Lawan rasa takut pada pertemuan puncak perubahan iklim di Paris
- keren989
- 0
PARIS, Perancis – Paris adalah pusat dunia.
Curahan simpati terus mengalir ke “Kota Cinta” itu pasca serangan teror mengerikan di awal November lalu.
Pada saat yang sama, semua mata tertuju pada konferensi perubahan iklim internasional yang diadakan di pinggiran kota.
Saya telah berjalan-jalan di Paris selama satu setengah hari dan saya sudah bisa merasakan ketegangan listrik di udara.
Poster berlogo daun hijau KTT iklim, yang juga dikenal sebagai COP21, terpampang di seluruh stasiun kereta api, terminal bus, dan trotoar. Bahkan Menara Eiffel menyampaikan pesan tentang aksi iklim. Galeri seni dan toko buku mengadakan acara terkait iklim mereka sendiri.
Jurnalis, relawan, kelompok advokasi terus berbondong-bondong berdatangan ke hotel-hotel.
Pria berbaju hitam yang mengenakan jaket dan sepatu bot menjaga bus yang membawa peserta COP21 menuju tempat konferensi.
Mereka tampak seperti orang-orang yang sama yang menjaga kafe Bataclan di Boulevard Voltaire di mana wisatawan dan warga Paris terus menyalakan lilin dan membisikkan doa untuk para korban serangan teroris baru-baru ini.
Bataclan adalah lokasi serangan serentak yang terburuk. Dari lebih dari 120 orang yang meninggal malam itu, 80 orang meninggal di aula musik.

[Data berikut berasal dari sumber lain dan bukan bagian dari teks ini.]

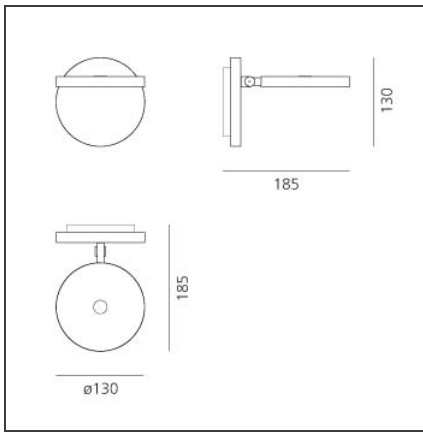

Demetra Spotlight LED 3000K black with switch

DESIGN BY

Naoto Fukasawa

DESCRIPTION

With light intensity regulator, dimmer Microswitch.

IP20 Dimmerable:

TECHNICAL DRAWINGS

FEATURES

Article Code:	1730040A	Material:	Aluminium
Colour:	Gloss black	Series:	Design
Installation:	Wall		

DIMENSIONS

Length:	cm 18.5	Impact Resistance:	N.D.
Height:	cm 13	Glow Wire Test:	750
Base Diameter:	cm 13		
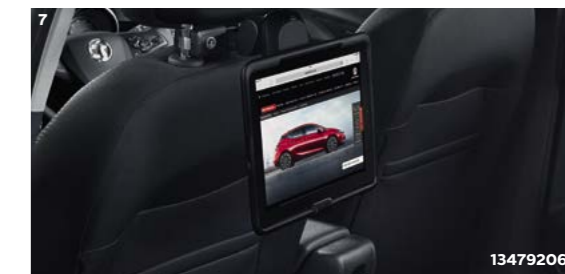

THE ASTRA. DO IT ALL IN STYLE.

The weekend's yours. For catching the waves. Catching up with family. Or just catching up with some films while someone else does the driving.

When you've got the right equipment, it's no bother. Whatever you've got planned (or haven't got planned) we've made the accessories that make it easy. And we've got the accessories that make you look good while you're doing it too.

FLEXCONNECT HOOK

Handbags, shopping bags, small pieces of luggage – just hang them on this universal hook to keep them neatly to hand.

£31 13479212

Free FlexConnect bracket with any purchase of a FlexConnect product.*

1 ILLUMINATED DOOR SILLS

Take your styling up a notch with illuminated door sills. They protect against scuffs too.

£136

Set of two.

2 STAINLESS STEEL DOOR SILLS

Make a stylish entrance with aluminium-look door sills that protect your paintwork.

£28

Set of two.

3 THULE® SURFBOARD CARRIER ALUMINIUM 833

Developed and tested by surfers for hassle-free beach trips, designed for one board and two masts.

£80

Base carrier required.

4 DOOR MIRROR CAPS – BLACK

Personalise your Astra with a small but unmissable styling detail.

£89

Also available in white. Includes fitting.

5 ROOF BASE CARRIER

Your flexible starting point for attachments and adventures. Available for Hatchback and Sports Tourer.

£209 Hatchback

£218 Sports Tourer

6 VELOUR FLOOR MATS

Protect your floors in style.

£61

Set of four.

FLEXCONNECT RANGE

An all-purpose modular system. Attach the FlexConnect Bracket to the headrest of the front seat to use our range of accessories.

FLEXCONNECT BRACKET

£21 13479199

Special offer of free bracket with any FlexConnect product.*

7 FLEXCONNECT IPAD CRADLE
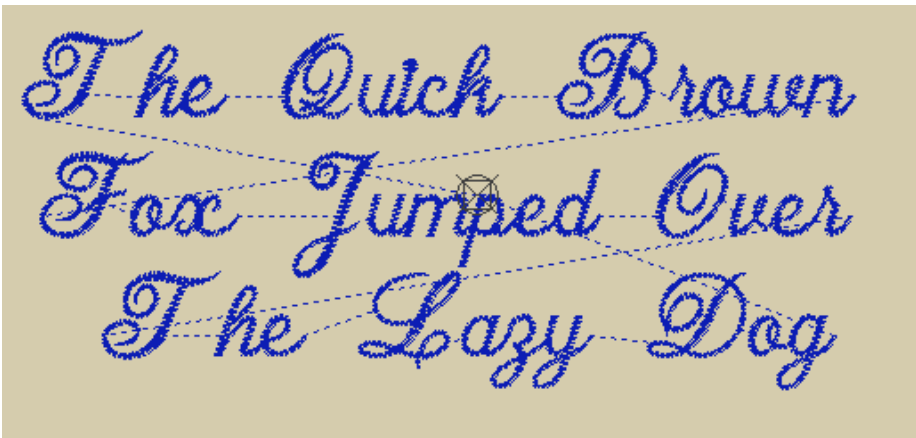

Script

Min Size: 0.50 inch – Max size: 6.00 inch
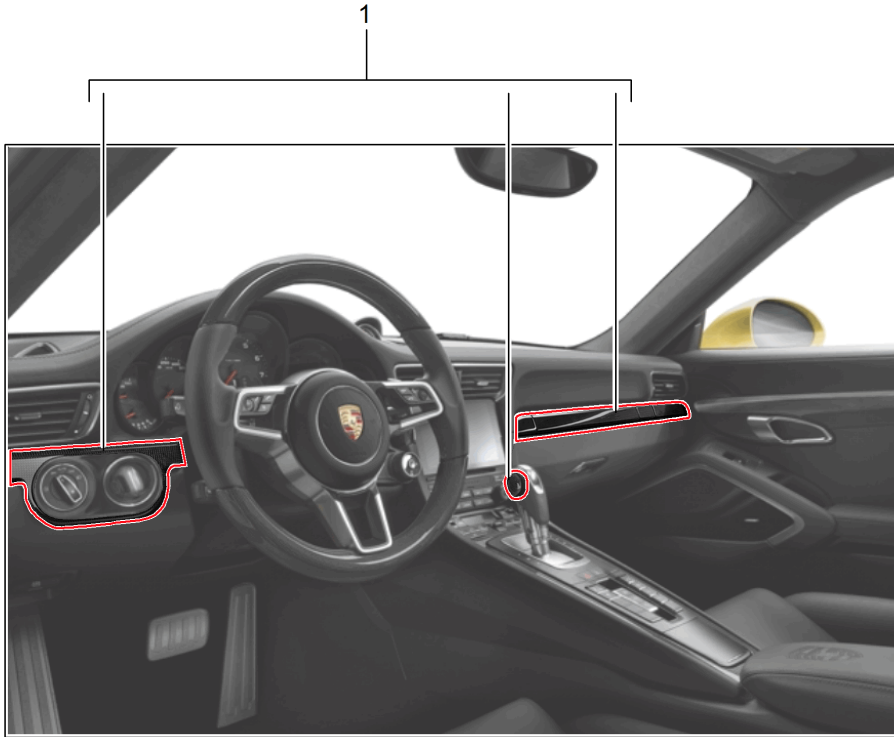

Model: TEQ 1

Model life 2012>>
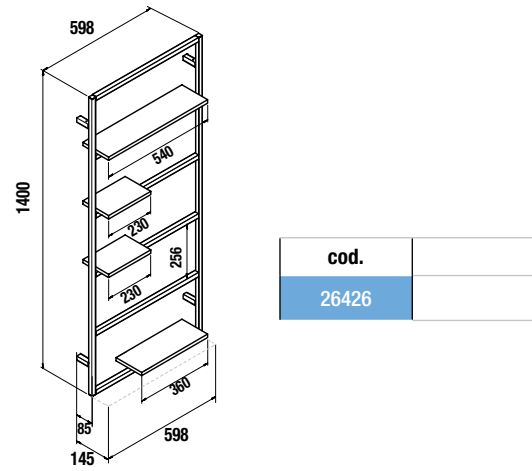

SHELVING UNIT VINCI

VINCI shelving unit with mobile shelves in AFRICA OAK. (includes 1 large shelf, 1 medium shelf, 2 small)
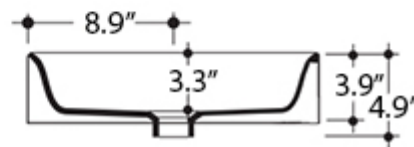

SERIE CENTO

Cod.3544

Lavabo 45x45 appoggio

Free standing washbasin 45x45

Collection
Kerasan

Model |
Cento 3544

Dimensions Metric

1 inch = 2.54 cm
1 inch = 25.4 mm

Wall-mount installation

Bolts

Vessel/ countertop installation

Silicone (*optional*)

Collection
Kerasan

Model |
Cento 3544

Dimensions Metric
1 inch = 2.54 cm
1 inch = 25.4 mm

WS®
BATH
COLLECTIONS

Pada hari saya berkunjung, kerumunan orang di depan pintu masuk kafe begitu banyak sehingga menimbulkan kemacetan. Beberapa orang menatap restoran dalam diam, yang lain mengeluarkan ponsel cerdas mereka dan mengambil gambar dengan sungguh-sungguh. Yang lain menyalakan lilin.
Kuil serangan teroris Paris di dasar patung Marianne, simbol Republik Prancis #bidforparis pic.twitter.com/MHLhVGNtbs
— Pia Ranada (@piaranada) 6 Desember 2015
Sebuah pemberontakan
“Kuil” yang lebih kecil tersebar di Boulevard Voltaire. Semua orang berhenti untuk melihat. Seolah-olah tempat-tempat suci ini telah menjadi tempat terbaru yang wajib dikunjungi di Paris.
Hal ini paling jelas terlihat di ujung jalan tempat kuil terbesar terletak di kaki patung Marianne di Place de la Republique, salah satu monumen paling ikonik di Paris.
Karangan bunga yang tak terhitung jumlahnya, bendera Perancis, bendera perdamaian pelangi, lilin, pesan tertulis, pesan dengan cat semprot, foto para korban teror terletak di bawah Marianne, personifikasi dari Partai Republik Perancis dan 3 patung yang melambangkan nilai-nilai Perancis yang paling dihormati – kebebasan, kesetaraan, dan persaudaraan.
Para dermawan dan orang-orang terkasih para korban menambahkan nilai-nilai mereka sendiri – perdamaian, cinta, toleransi – nilai-nilai yang selaras dengan seluruh negara di dunia.
Singa di dasar patung tampaknya menjaga pesan-pesan ini, sementara pengunjung manusia membentuk lingkaran diam namun penuh perhatian. Namun ada juga manusia wali, laki-laki dan perempuan yang dengan patuh mengikis lilin yang padam, menata bunga dan kartu.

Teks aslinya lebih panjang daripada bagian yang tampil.